§ **Problem statement**
Copy out the entire listing below exactly, but without its pictures.

□ □ □

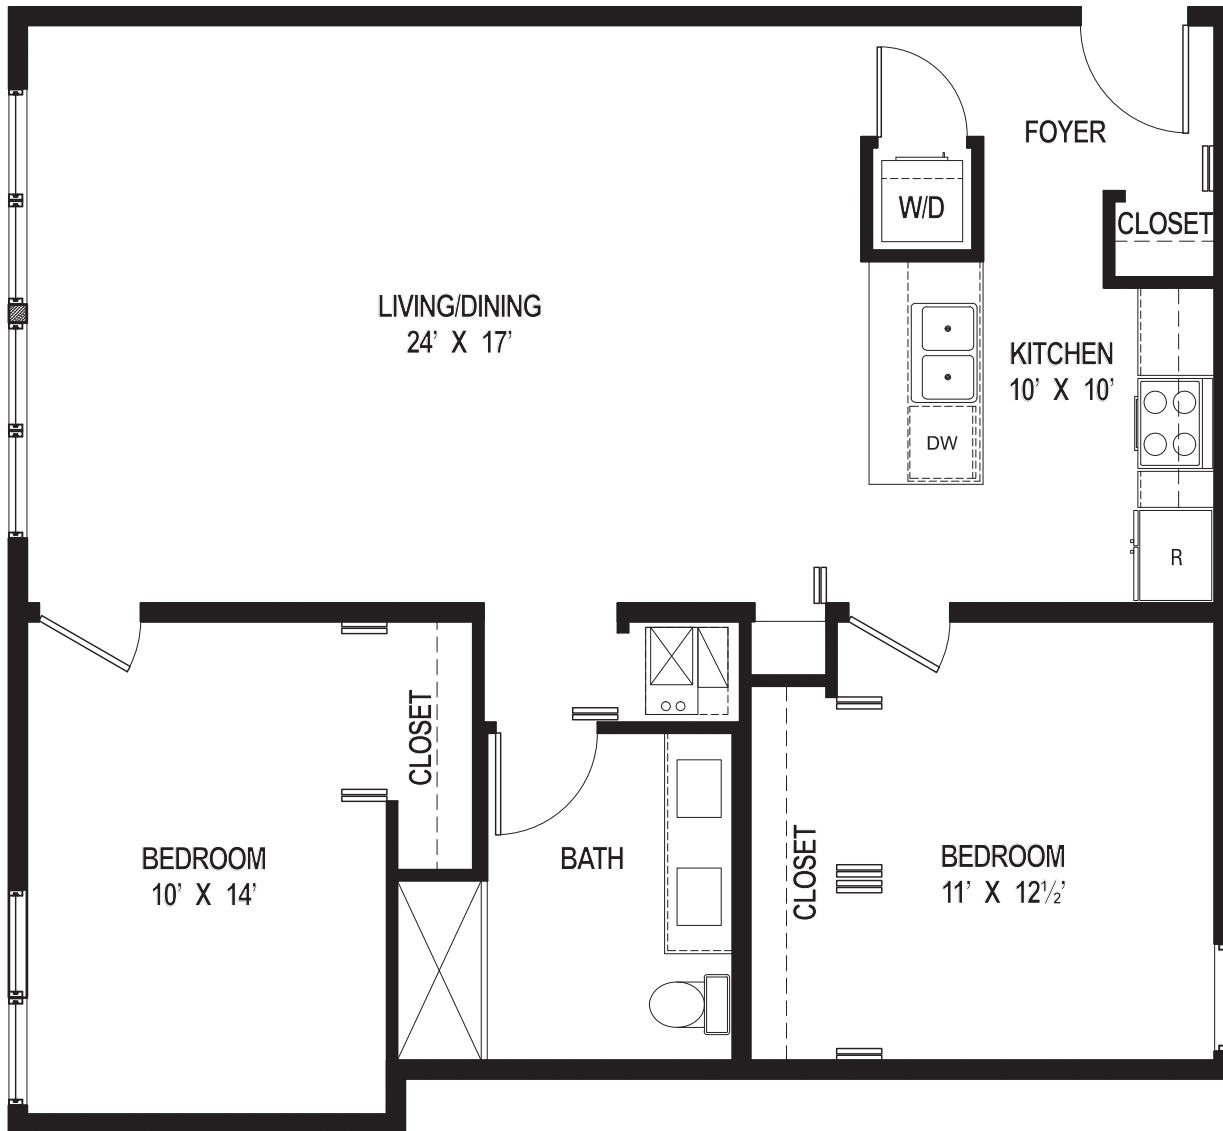

EAST VILLAGE LOFTS

1100 N. Ashland Avenue, Chicago, IL 60622 - EastVillageLofts.com - WickerParkApartments.com

*All dimensions are approximate

2 Bedroom
1 Bath

Unit 403

□ □ □

§ **The completed task**
EAST VILLAGE LOFTS

1100 N. Ashland Avenue, Chicago, IL 60622 - EastVillageLofts.com - WickerParkApartments.com

*All dimensions are approximate

2 Bedroom
1 Bath

Unit 403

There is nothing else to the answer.